[Dataset extract — start]

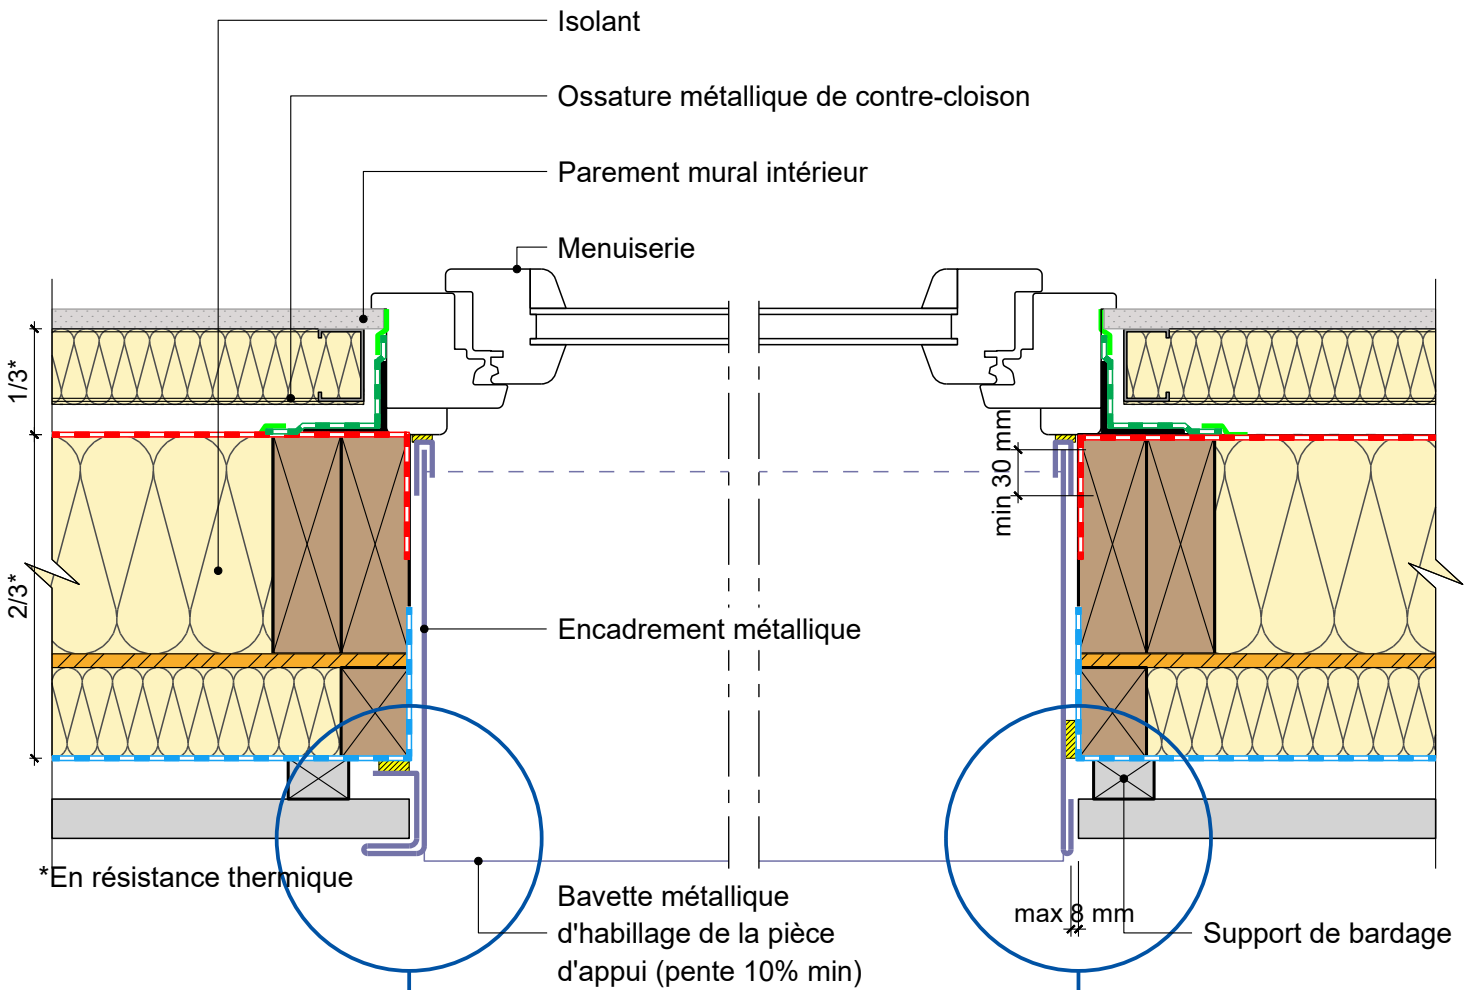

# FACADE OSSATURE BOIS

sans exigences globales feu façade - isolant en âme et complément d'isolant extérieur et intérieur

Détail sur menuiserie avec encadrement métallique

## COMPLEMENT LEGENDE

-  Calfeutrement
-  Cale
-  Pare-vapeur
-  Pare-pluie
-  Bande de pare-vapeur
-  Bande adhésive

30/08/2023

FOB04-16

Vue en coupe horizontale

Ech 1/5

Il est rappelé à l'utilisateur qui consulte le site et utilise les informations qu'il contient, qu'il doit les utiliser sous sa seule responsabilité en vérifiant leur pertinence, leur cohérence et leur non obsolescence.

[Dataset extract — finish]
[Dataset extract — start]

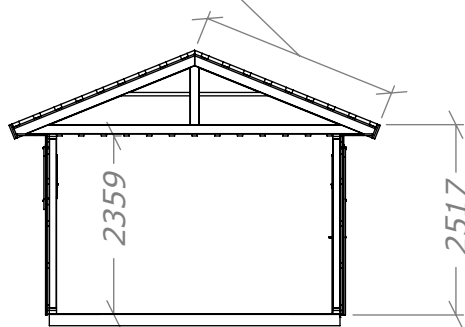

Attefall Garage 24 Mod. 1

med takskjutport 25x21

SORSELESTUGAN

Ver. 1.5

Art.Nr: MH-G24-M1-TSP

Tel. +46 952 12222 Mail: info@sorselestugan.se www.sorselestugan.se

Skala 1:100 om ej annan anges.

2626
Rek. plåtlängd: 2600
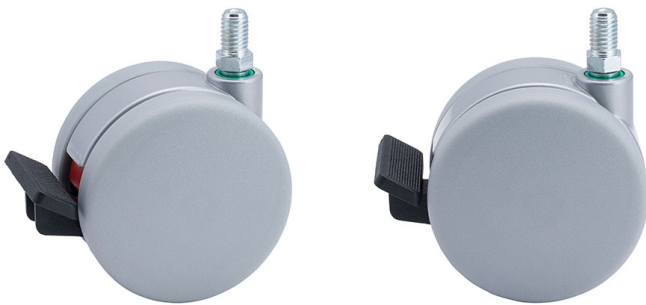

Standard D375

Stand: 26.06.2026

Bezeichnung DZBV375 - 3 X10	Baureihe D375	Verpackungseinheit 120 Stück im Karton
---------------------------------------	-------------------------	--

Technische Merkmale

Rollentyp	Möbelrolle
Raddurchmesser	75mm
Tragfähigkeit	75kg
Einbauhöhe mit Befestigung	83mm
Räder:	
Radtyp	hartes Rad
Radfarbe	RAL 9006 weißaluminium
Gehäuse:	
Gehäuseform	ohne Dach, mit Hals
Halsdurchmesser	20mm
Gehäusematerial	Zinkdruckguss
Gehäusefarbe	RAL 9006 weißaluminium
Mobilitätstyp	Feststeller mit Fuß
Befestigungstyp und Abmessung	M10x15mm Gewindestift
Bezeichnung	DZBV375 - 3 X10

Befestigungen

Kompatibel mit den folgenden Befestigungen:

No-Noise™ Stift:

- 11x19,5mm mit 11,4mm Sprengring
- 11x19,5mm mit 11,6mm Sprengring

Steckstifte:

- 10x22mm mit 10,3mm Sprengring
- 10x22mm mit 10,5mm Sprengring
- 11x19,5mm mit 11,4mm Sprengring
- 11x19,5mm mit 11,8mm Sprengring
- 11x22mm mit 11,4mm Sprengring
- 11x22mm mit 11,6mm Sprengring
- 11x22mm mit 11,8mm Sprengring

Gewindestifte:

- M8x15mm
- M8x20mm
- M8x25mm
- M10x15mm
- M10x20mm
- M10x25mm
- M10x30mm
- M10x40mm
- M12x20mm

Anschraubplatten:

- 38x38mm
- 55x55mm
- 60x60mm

[Dataset extract — finish]

Directions |
Count of lines in the data above that contain the string "Sprengring": give this number and no other words.

Answer box |
9